Jules Hedges (Jul 01 2020 at 13:51):

Nathaniel Virgo said:

One naïve question: can we say in general that the Kleisli category of a monad is enriched in the category of algebras over the monad? That seems to be what's happening here, and I'm wondering whether it's a general phenomenon or something special about probability monads.

This isn't totally precise, but if you're in a nice enough situation (probably a strong monad on a cartesian closed category, or something) then the hom-object looks like $x \to Ty$ and it can be given the structure of a T-algebra $T(x \to Ty) \to (x \to Ty)$ by .... well, I could write it using Haskell do-notation, it would be a pain to write without it. It's $a \mapsto x \mapsto do \{ f \leftarrow a; f (x) \}$

Tobias Fritz (Jul 01 2020 at 14:10):

Jules Hedges said:

This isn't totally precise, but if you're in a nice enough situation (probably a strong monad on a cartesian closed category, or something) then the hom-object looks like $x \to Ty$ and it can be given the structure of a T-algebra $T(x \to Ty) \to (x \to Ty)$ by .... well, I could write it using Haskell do-notation, it would be a pain to write without it. It's $a \mapsto x \mapsto do \{ f \leftarrow a; f (x) \}$

Ais I wrote above, I'm pretty sure that you need a commutative monad on a (merely) monoidal closed category. Anders Kock's paper is where the construction of hom-objects in the category of algebras has been spelled out, using the additional assumption that equalizers exist. I bet that his construction specalizes to yours when applied to free algebras, i.e. to the Kleisli category, and in particular that the relevant equalizer in this case is exactly your $x \to Ty$.

Tobias Fritz (Jul 01 2020 at 14:27):

@Nathaniel Virgo: Great! That kind of intuition for the algebras and the Kleisli morphisms is also very nicely in explained in Chapter 1 of Paolo's thesis.

Nathaniel Virgo said:

One naïve question: can we say in general that the Kleisli category of a monad is enriched in the category of algebras over the monad? That seems to be what's happening here, and I'm wondering whether it's a general phenomenon or something special about probability monads.
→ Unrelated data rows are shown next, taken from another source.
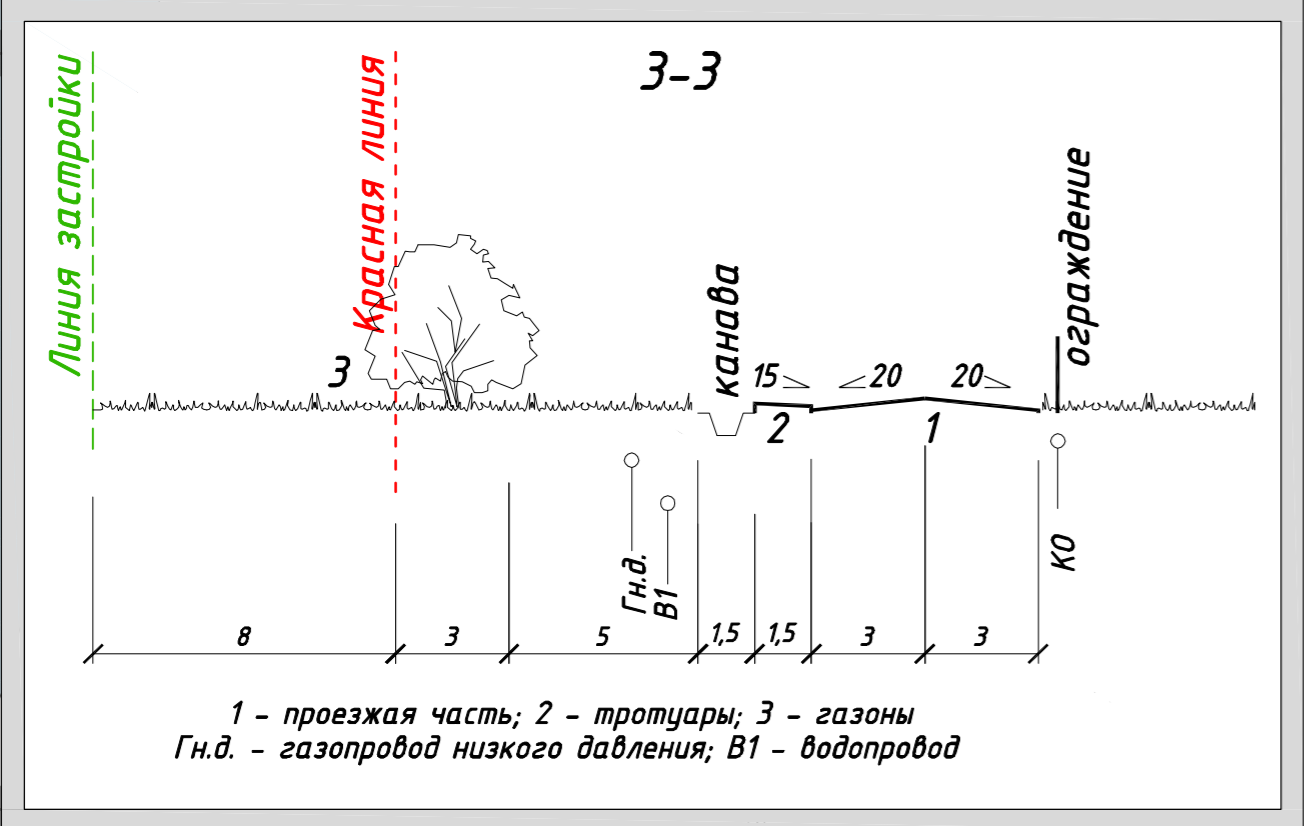

ТИП 2

Изм.		Кол.		Лист		№ док.		Подпись		Дата	
ГАП	Вахуев	ГИП	Баданин	Разраб.	Вахуева						

55/2010 ГП
Проект планировки и застройки земельного участка в границах населенного пункта д. Троицкое, Юрковского сельсовета, Грязовецкого района, Вологодской области.
Стадия Лист Листов
РП 4
ООО "АРСИС"

Примечание:

1. Система координат местная.
2. Система высот Балтийская.

In general no, the Kleisli category of a monad isn't enriched in the category of algebras. For example, consider the free group monad (on Set). Its category of algebras is exactly the category of groups, and its Kleisli category is equivalent to the category of free groups with group homomorphisms. To first approximation, the set of group homomorphisms between free groups doesn't have any additional structure beyond being a mere set, and in particular this Kleisli category is not enriched in the corresponding category of algebras. If you're more familiar with monoids or rings than with groups, then you can consider these instead, with the counterexample working the same way.

So at the very least, in order to get some enrichment you will probably want a commutative monad. In fact, since you can enrich only over a monoidal category in the first place, you will want to have a monoidal structure on the category of algebras; and that's exactly the tensor product that I've mentioned above, which exists for every commutative monad (with the existence of coequalizers as a mild additional assumption). The good news is that all probability monads are commutative! Thus one has analogues of Sam's tensor product, and can consider categories enriched in algebras. However, it's still not always clear whether the Kleisli category has such an enrichment, since the construction of hom-objects as given by Kock or @Jules Hedges only applies when the original category is monoidal closed.

If you're interested, we can try to work out a more general construction to explain why the Kleisli category of a probability is at least enriched in convex spaces, even if not necessarily enriched in the category of algebras.

Reid Barton (Jul 01 2020 at 14:29):

I was going to give the same example though. Group homomorphisms between general groups don't form a group, but group homomorphisms between free groups do, because they're really morphisms from a set into a (free) group, and this is a (non-free) group by elementwise product. I think this is related to Jules's strong monad setting.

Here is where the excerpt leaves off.